Exercise instructions – Show, in full, each line of the data that contains "Shade".

Source information –
○ ○ ○
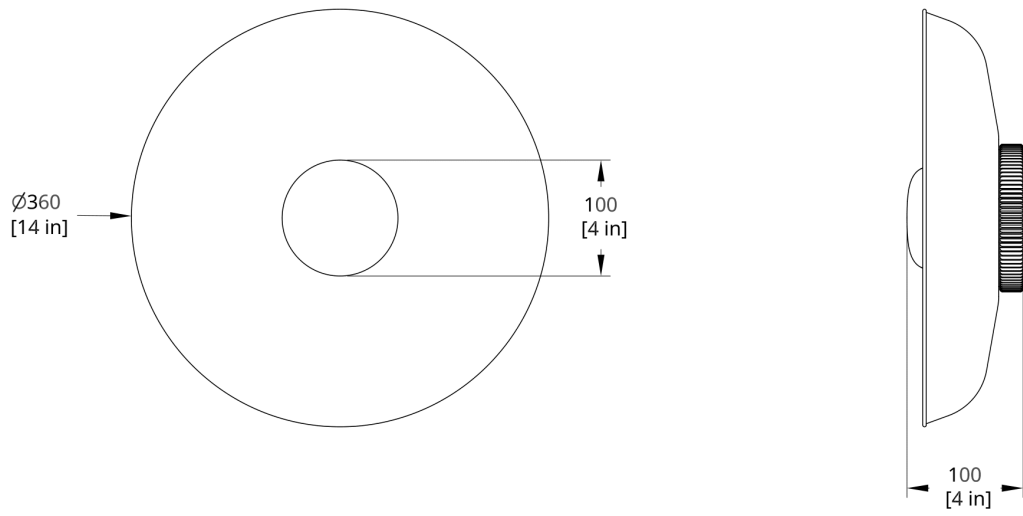

**MATERIALS**

Opal blown glass, spun steel.

**PERFORMANCE**

590 luminaire lumens  
Power Consumption 9W  
Luminaire Watts 9W  
70lm/W  
90 CRI

**LED LIFESPAN**

50K hours

**PATENT FILE NUMBER**

Patent Number D861,955

# Drawings

HS-21-A Hoist Flush Mount Small Diffuser Dimension

HS-21-B Hoist Flush Mount Large Diffuser Dimension

HS-14-A Hoist Flush Mount Small Diffuser Dimension

HS-14-B Hoist Flush Mount Large Diffuser Dimension
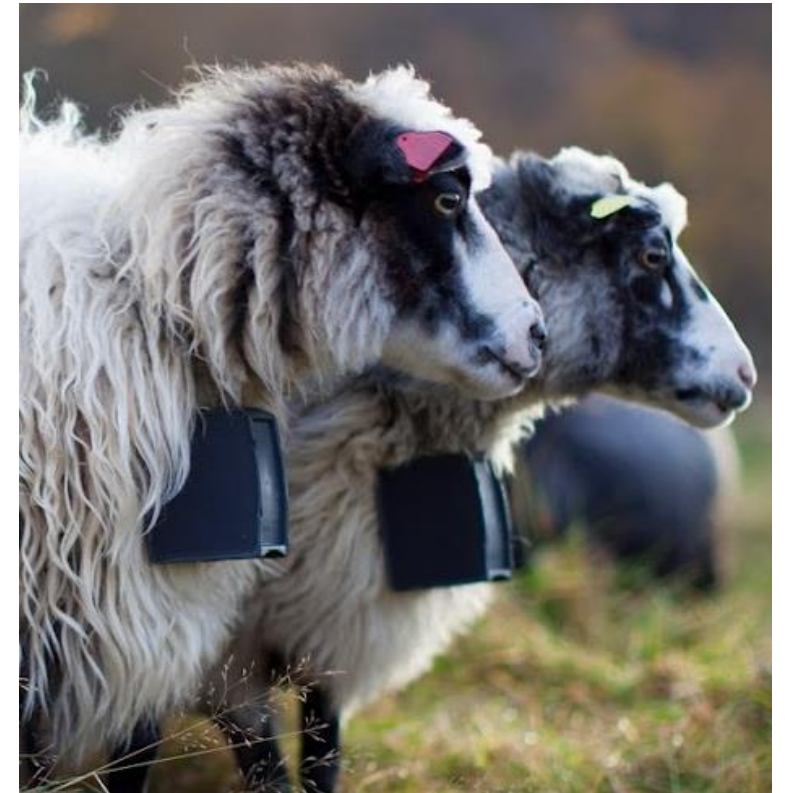

Upland grazing

How Nofence works

The Recipe

System requirements

- GPS signal
- 2G coverage

Animals

- All adults wear a collar
- Training period
- Pastures design

The Collars

Battery Life

Battery slots into the bottom of the collar, plays a welcome sound when first connected

- **Cattle collars**

 - March to Oct – solar recharging

 - Plug in charges through winter

- **Sheep collars**
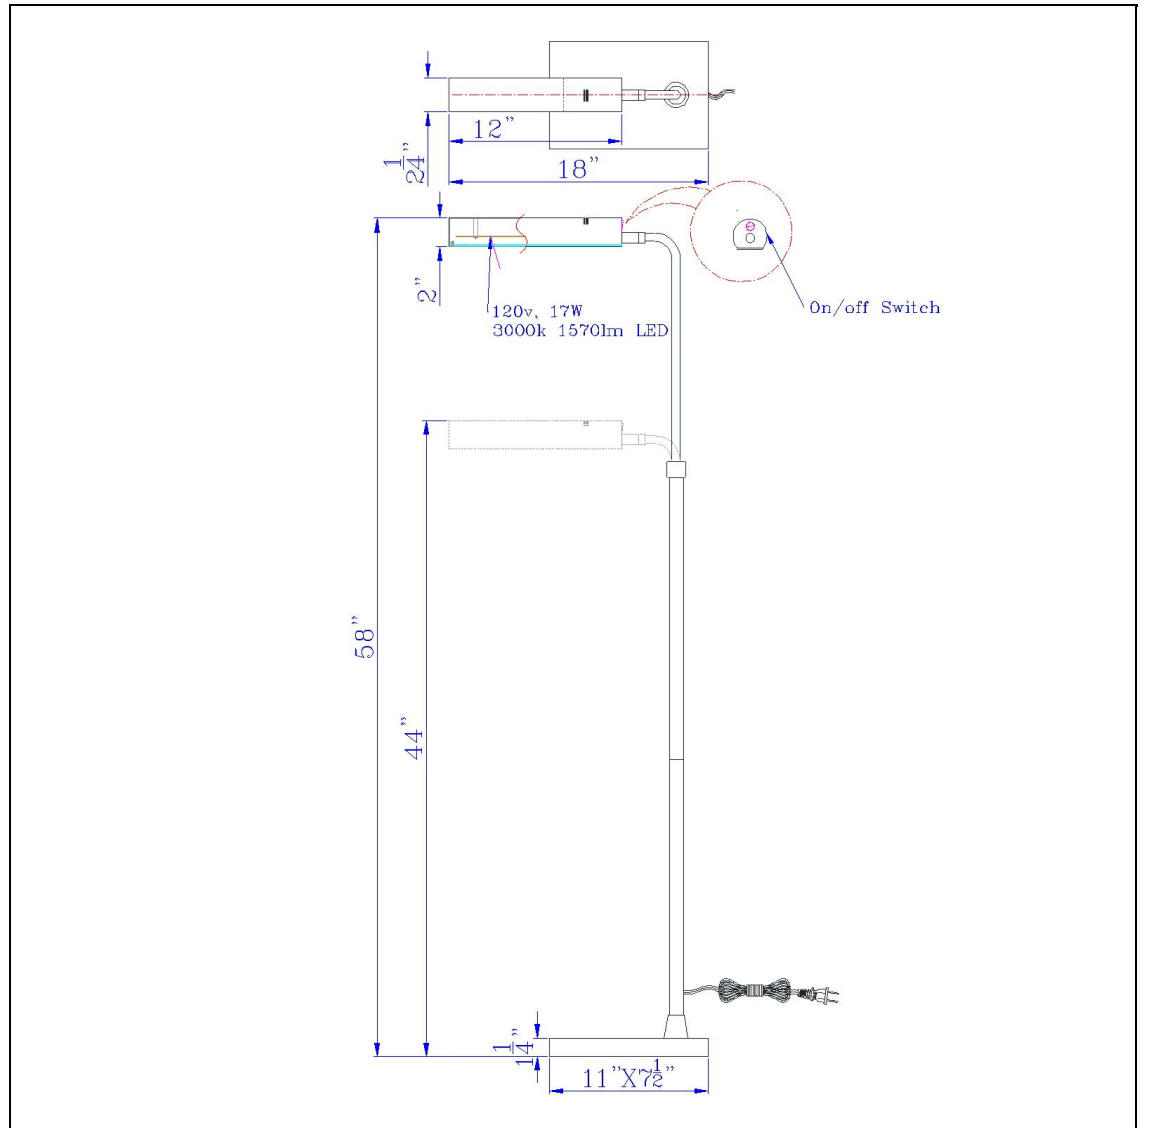

Product No. **BO-3133FL-GR**

Description

Delray 17W, 3000K non dimmable integrated LED metal floor lamp with adjustable height
Durable Metal Construction
17 Watt Non Dimmable Integrated LED
3300K Color Temperature
44-58" Adjustable Height
Weighted Base for Added Stability
Ships in One Carton
Little to No Assembly Required
Rocker Switch on Head
This elegant? led metal floor lamp will make a great addition to any living space. It features an adjustable arm for optimal control of light. With it's slim frame and minimalistic design, this versatile lamp is a great option for reduced spaces.

Technical Specifications

UPC	020193067284	Shade Top1	12.00
Wattage	LED 17W	Shade Top2	2.25
CRI	75	Shade Bottom1	12.00
Lumen	1600	Shade Bottom2	2.25
Switch Type	ON/OFF	Shade Side	2.00
Bulb Base	LED	Carton 1 Dimensions	19.00 x 4.50 x 26.80
Number of Lights	LED	Carton 2 Dimensions	0.00 x 0.00 x 26.80
Color	Charcoal Grey	Package Dimensions	L: 26.80 W: 4.50 H: 19.00
Base Color	Charcoal Grey		
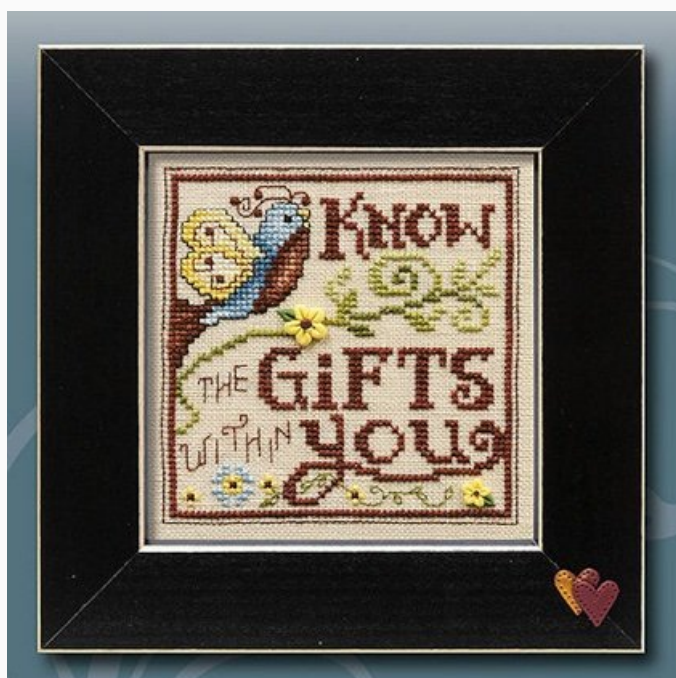

Esquemas Punto de Cruz

Pattern of the Month (January 2019) - Know The Gifts Within You

da: Stoney Creek Collection

Modello: SCHSTO-PM1403

Precio: € 4.99 (incl. IVA)
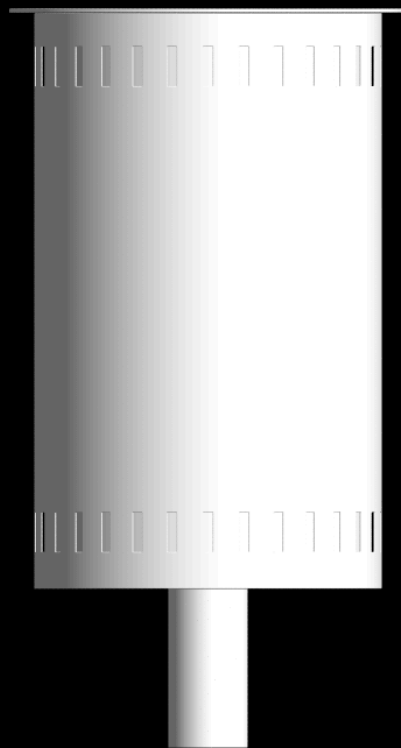

ToraBora

Trash Bins for Urban Spaces

T 1

Design by LEMON

COPYRIGHT © LEMON - UPSCALE URBAN FURNITURE LTD. 1995. ALL RIGHTS RESERVED.

w w w . l e m o n - c o l l e c t i o n . c o m
○ ○ ○
Solution to this task –
UPC	020193067284	Shade Top1	12.00
Wattage	LED 17W	Shade Top2	2.25
CRI	75	Shade Bottom1	12.00
Lumen	1600	Shade Bottom2	2.25
Switch Type	ON/OFF	Shade Side	2.00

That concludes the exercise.